18. The apparatus according to any one of claims 10 to 17, characterized in that, The data processing system also includes a central processing unit (CPU), and the AI ​​model includes a third network layer. The CPU is further configured to update the values ​​of the parameters in the third network layer, wherein the updated values ​​of the parameters in the third network layer are obtained as values ​​in a first format; the first format values ​​are converted into values ​​in a second format, wherein the data precision of the first format is higher than that of the second format; and the second format values ​​of the parameters in the third network layer are sent to the plurality of accelerators.
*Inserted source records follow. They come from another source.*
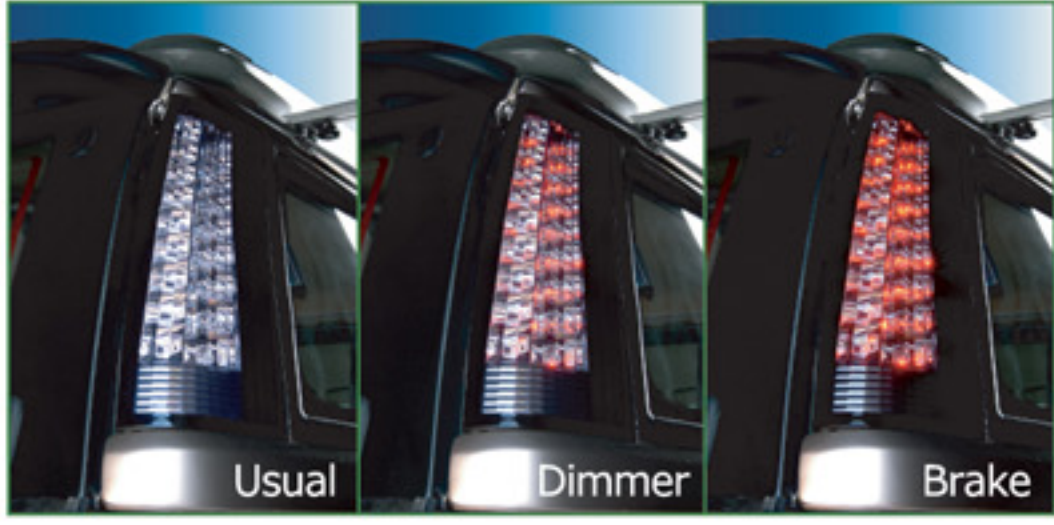

**Roof rail is an option

G3 WORLD CLASS HARDTOP

Beyond the future with
CARRYBOY G3
Hardtop

CNPD-G3 Double Cab
CNPC-G3 Extended Cab

Rear Pillar LED.
Tinted acrylic lens with LED Super bright stop light in SUV style.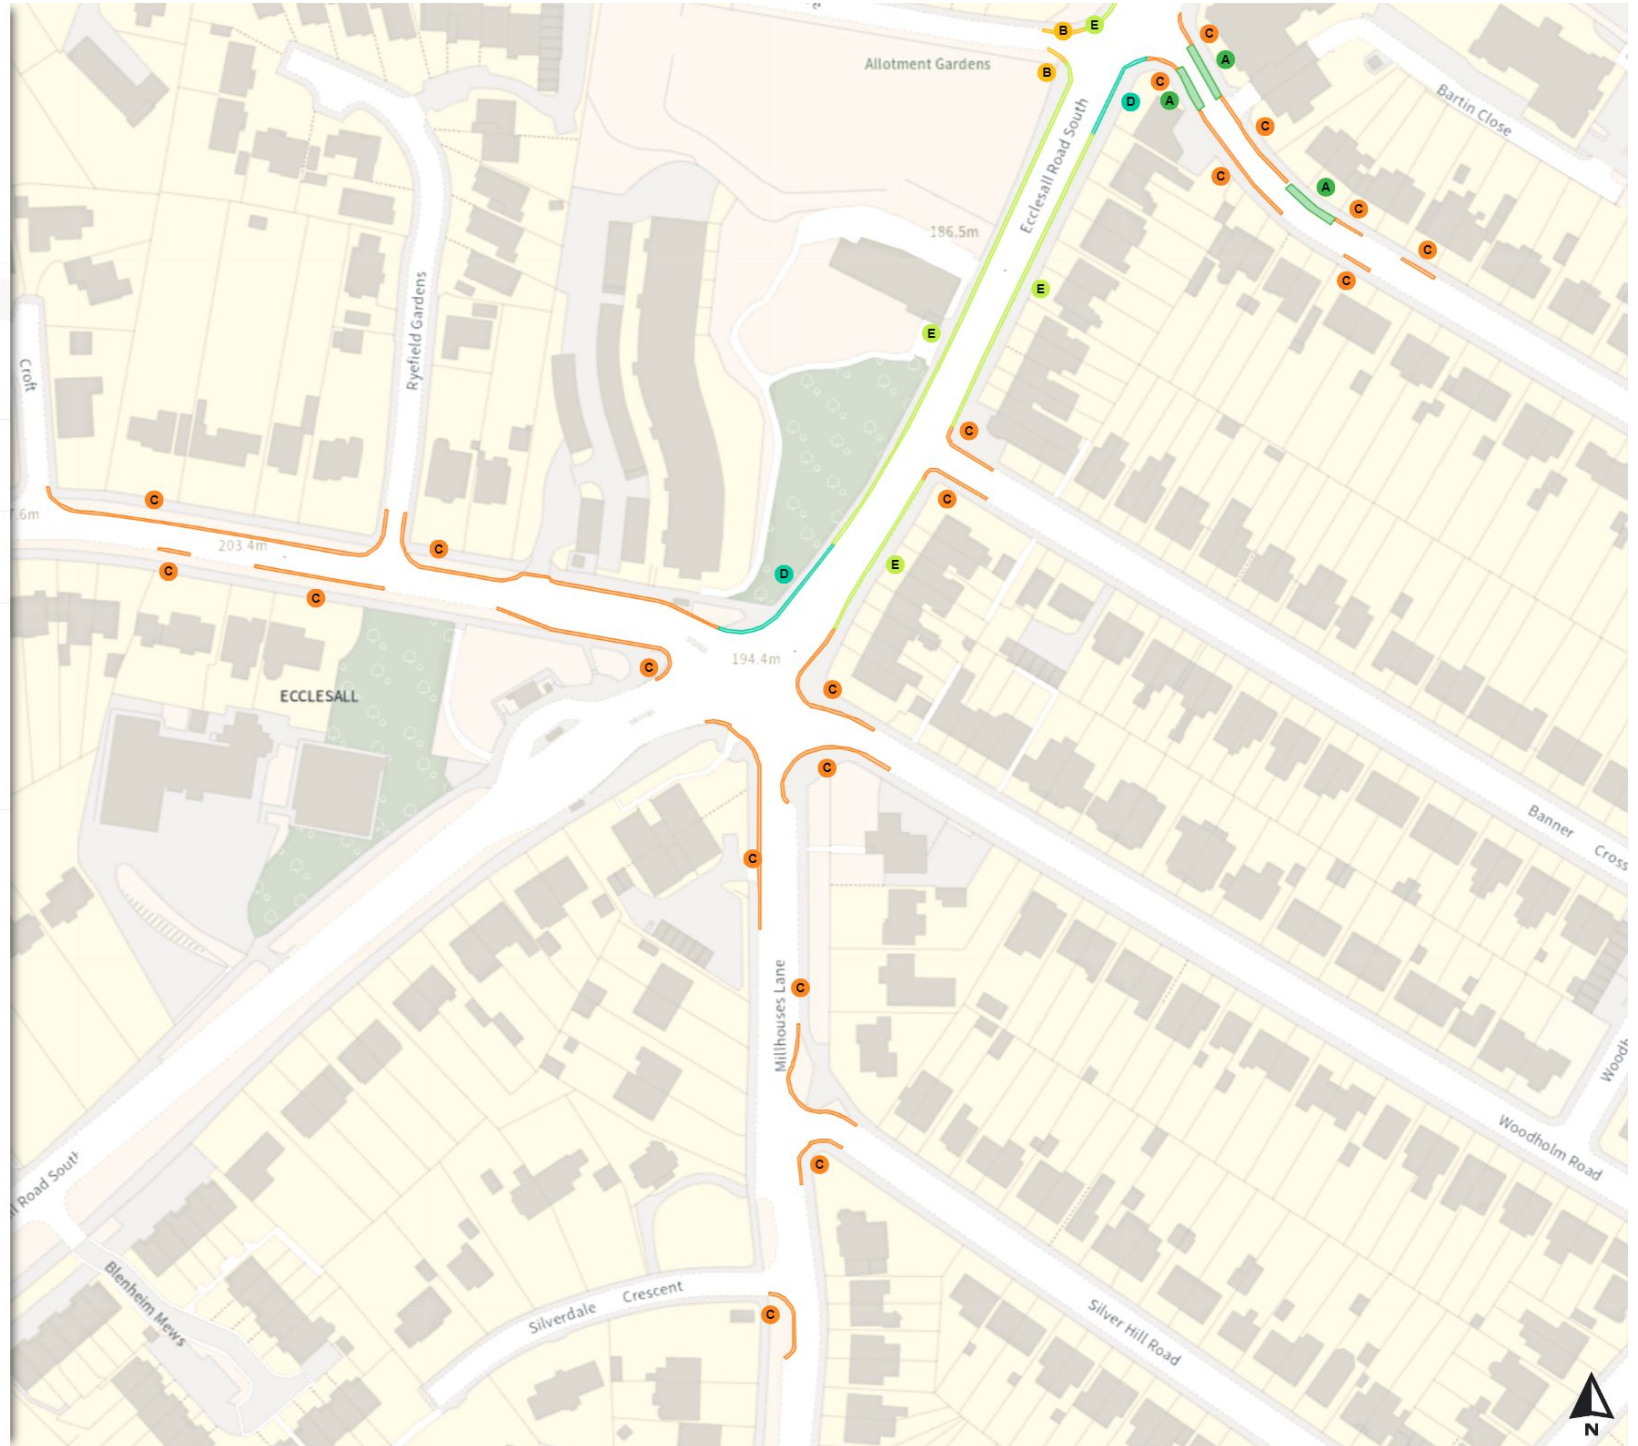

THE SHEFFIELD CITY COUNCIL (STOPPING RESTRICTIONS, WAITING RESTRICTIONS, LOADING RESTRICTIONS & PARKING PLACES) (MAP SCHEDULE) ORDER 2024

Map 564 of 794

Added

Free parking place

Mon-Sat 08:00-18:30 2h 2h

No waiting

Mon-Fri 07:30-09:30 16:00-18:30

No waiting at any time

At all times

Shared

No waiting at any time

At all times

No loading

Mon-Fri 07:30-09:30 16:00-18:30

Shared

No waiting

Mon-Fri 07:30-09:30 16:00-18:30

No loading

Mon-Fri 07:30-09:30 16:00-18:30

0 20 40 60m

Scale: 1:1250

North-West: 432286.576, 384463.151
South-East: 432712.443, 384088.635

© Crown copyright and database rights 2024 Ordnance Survey.
You are not permitted to copy, sub-license, distribute or sell any of this data to third parties in any form. Licence number 100018816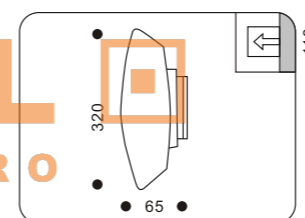

53207.+colour

1. **COLOUR:** 30 Silver
   . 1W LED
   . Various LED colours
   . Driver included / trafo required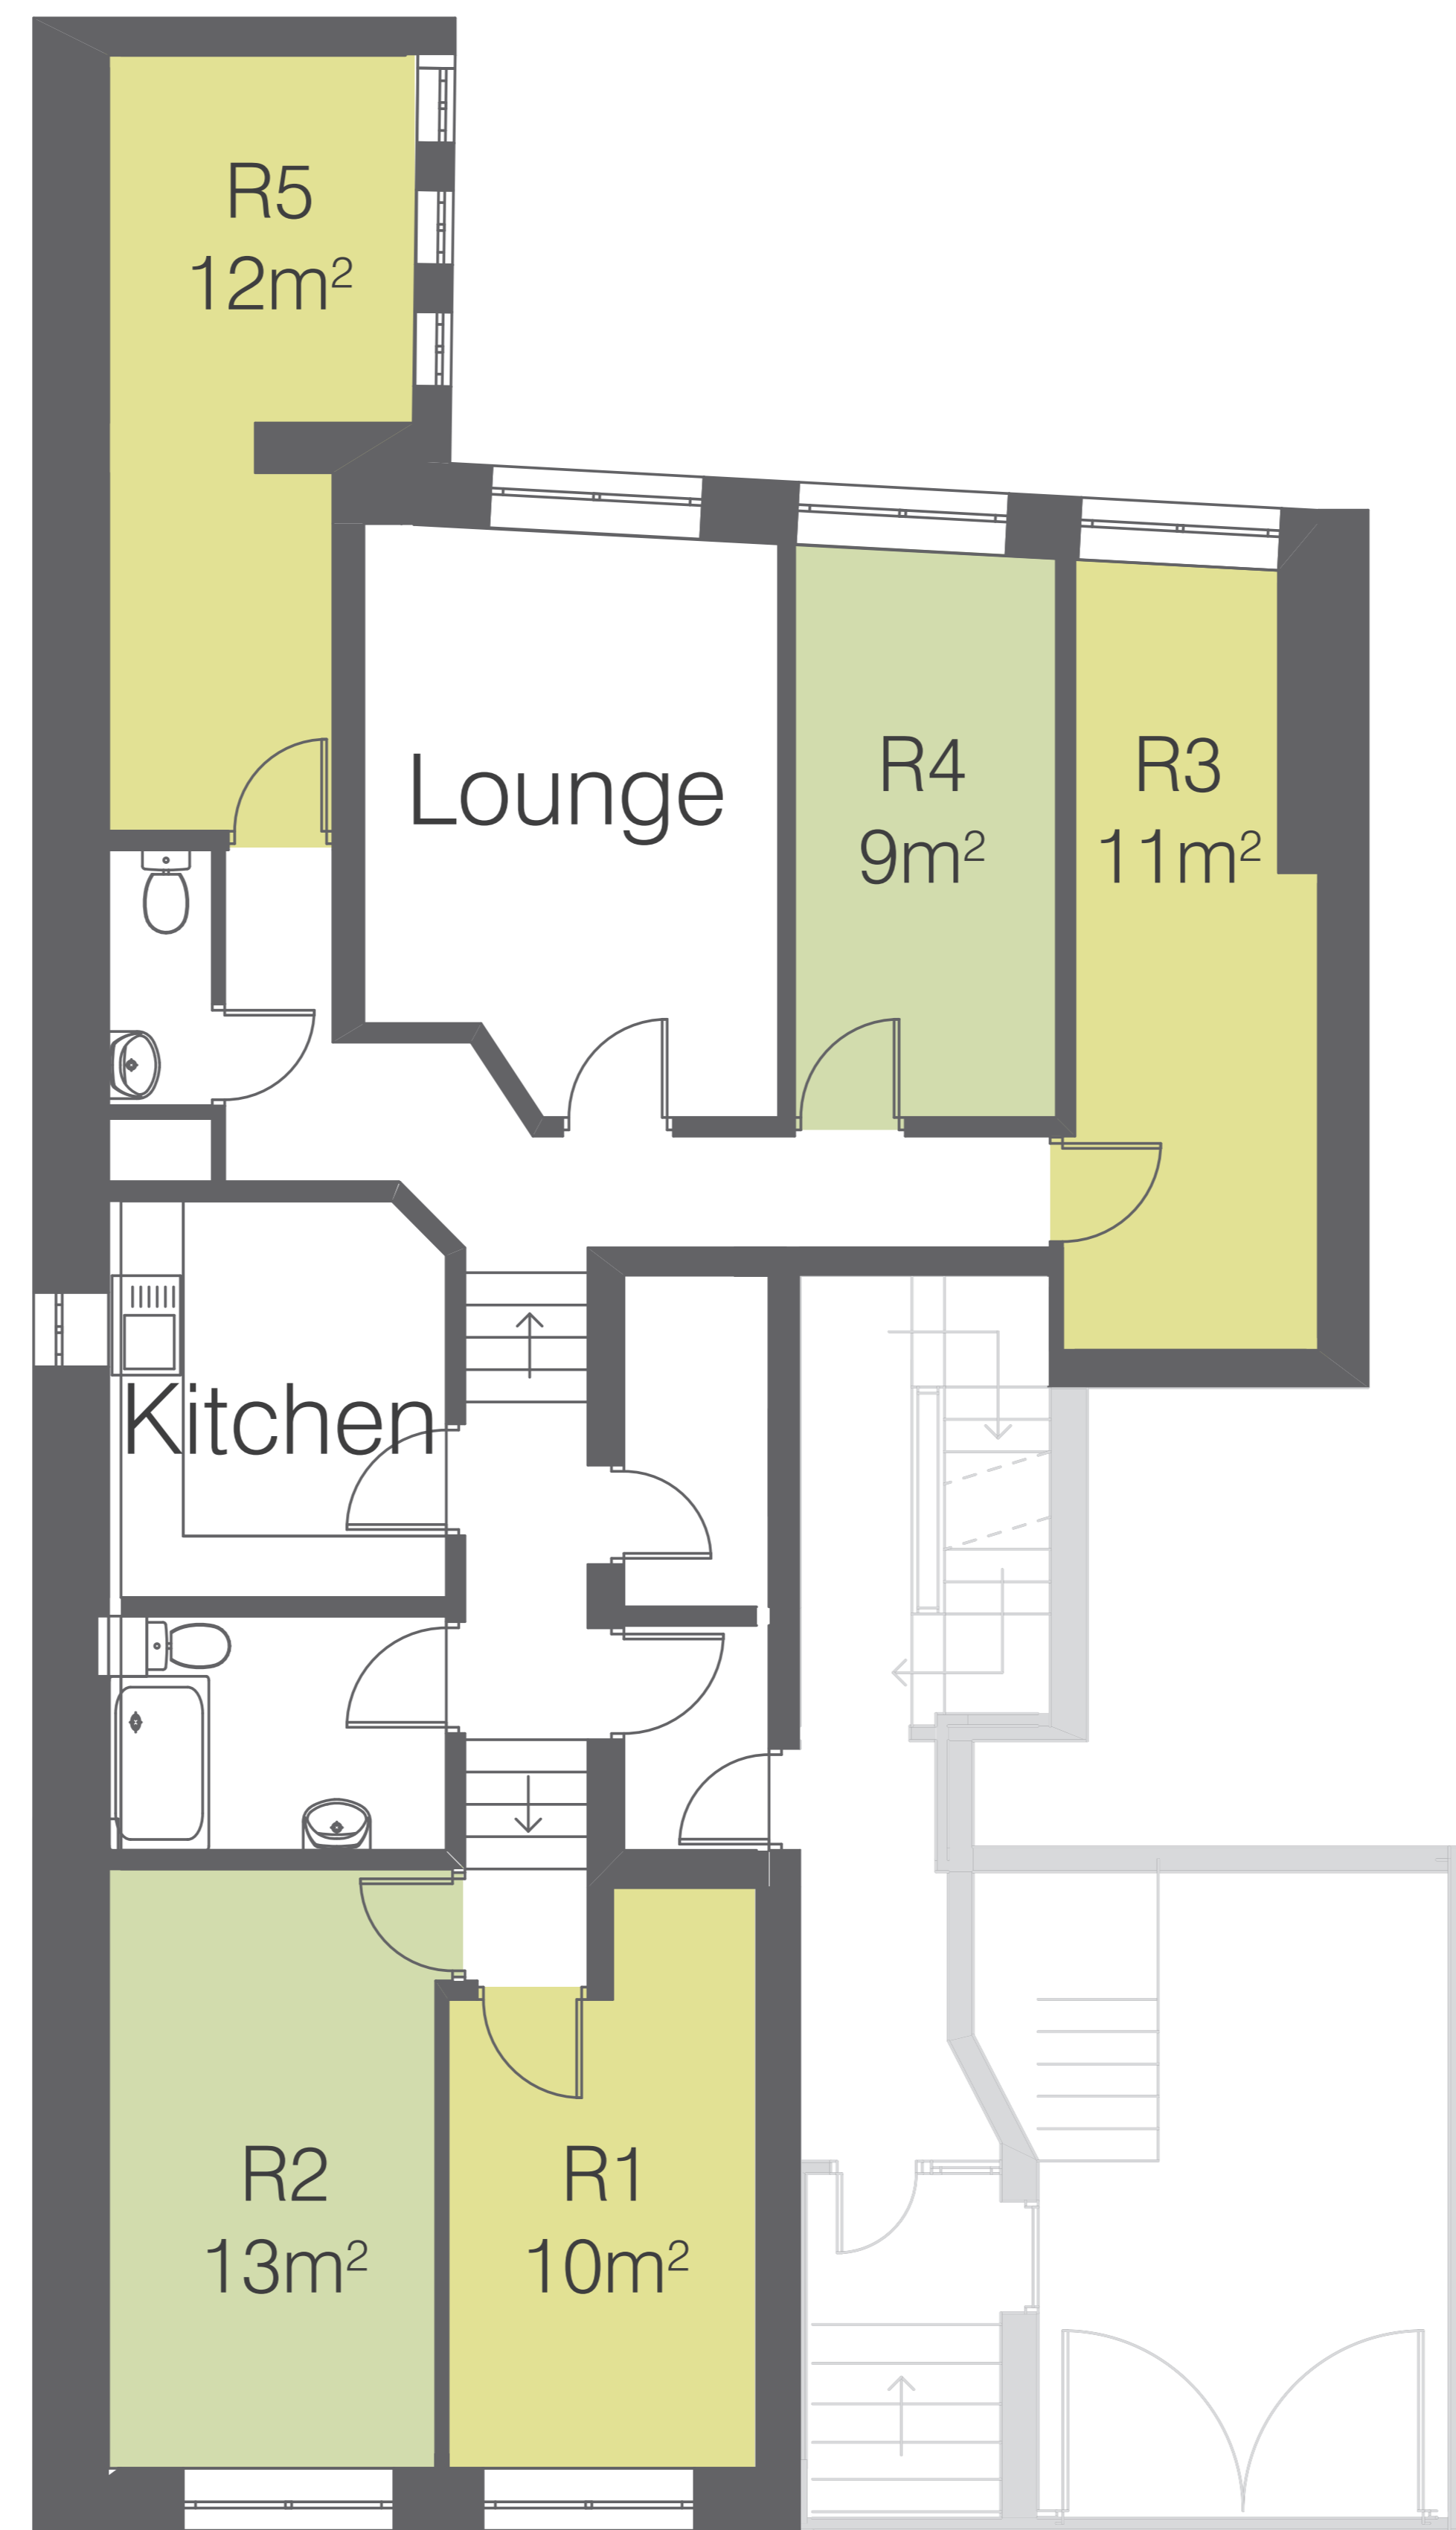

10 ALBION STREET

CITY CENTRE LOCATION, ONLY A 10 MINUTE WALK TO DE MONTFORT UNIVERSITY AND UNIVERSITY OF LEICESTER

Flat 1 - Basement

Flat 2 - Ground

Flat 6 - Second

5 Minute walk to the train station
No deposit required
Energy Contribution of only £350
Free internet connection

Washing machine included
Larger than average rooms
24 Hour emergency service

19. A computing device, characterized in that, The computing device includes a processor and a memory; The processor is configured to execute instructions stored in the memory to cause the computing device to perform the steps of the method as described in any one of claims 1 to 9.

20. A data processing system, characterized in that, The data processing system includes at least one accelerator and an artificial intelligence (AI) model training device, the AI ​​model training device being used to perform the method as described in any one of claims 1 to 9, and the at least one accelerator being used to train the AI ​​model.

21. A computer-readable storage medium, characterized in that, Includes instructions that, when executed on a computing device, cause the computing device to perform the steps of the method as described in any one of claims 1 to 9.

22. A computer program product containing instructions, characterized in that, When it is run on at least one computing device, it causes the at least one computing device to perform the steps of the method as described in any one of claims 1 to 9.